Stored items:
+++

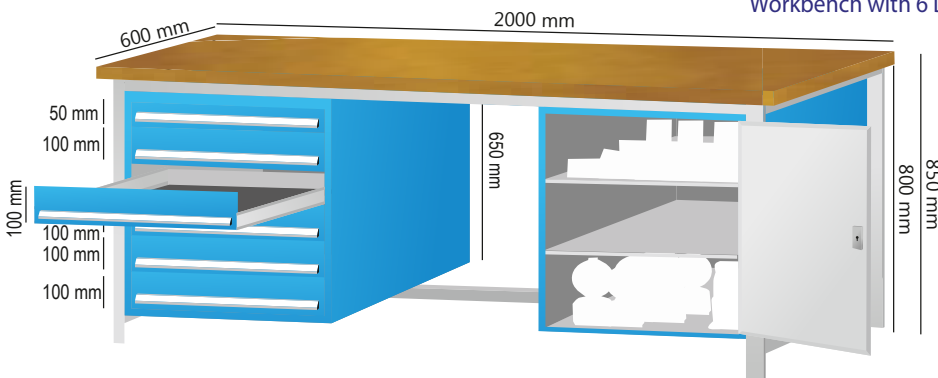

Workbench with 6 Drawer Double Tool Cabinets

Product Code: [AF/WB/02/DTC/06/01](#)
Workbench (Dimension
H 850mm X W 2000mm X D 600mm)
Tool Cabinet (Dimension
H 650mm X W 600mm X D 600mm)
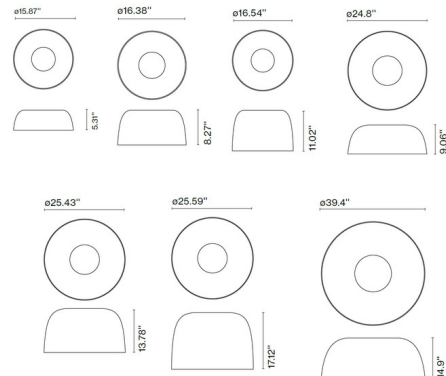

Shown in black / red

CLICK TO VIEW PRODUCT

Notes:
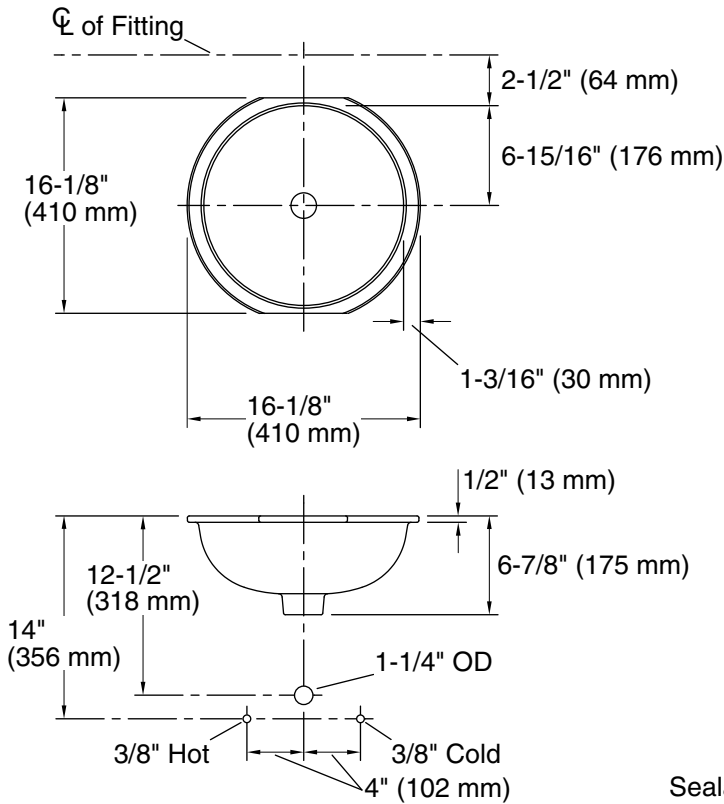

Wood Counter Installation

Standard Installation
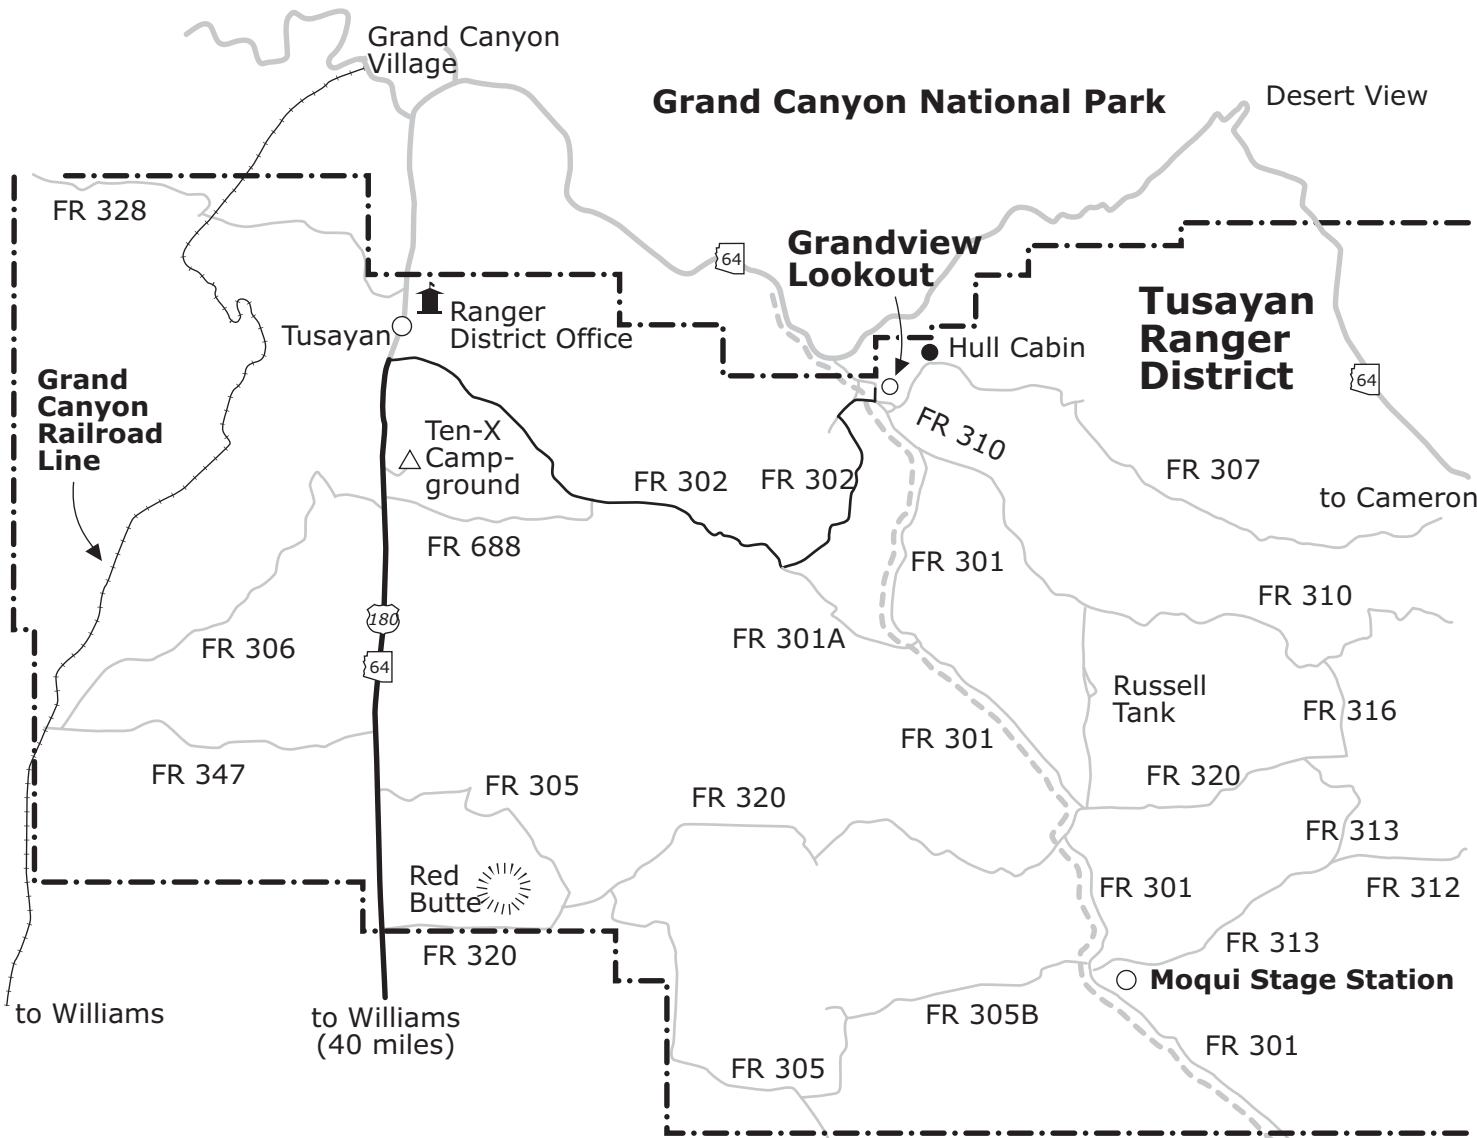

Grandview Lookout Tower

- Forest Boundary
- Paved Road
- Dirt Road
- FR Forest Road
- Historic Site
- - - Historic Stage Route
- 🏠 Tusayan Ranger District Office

+++

◆ **YOUR TASK**
Please copy the data shown above, line by line and exactly, omitting the images.

◆ **TASK RESPONSE**
Workbench with 6 Drawer Double Tool Cabinets

Product Code: [AF/WB/02/DTC/06/01](#)
Workbench (Dimension
H 850mm X W 2000mm X D 600mm)
Tool Cabinet (Dimension
H 650mm X W 600mm X D 600mm)

Shown in black / red

CLICK TO VIEW PRODUCT

Notes:

Wood Counter Installation

Standard Installation

Grandview Lookout Tower

- Forest Boundary
- Paved Road
- Dirt Road
- FR Forest Road
- Historic Site
- - - Historic Stage Route
- 🏠 Tusayan Ranger District Office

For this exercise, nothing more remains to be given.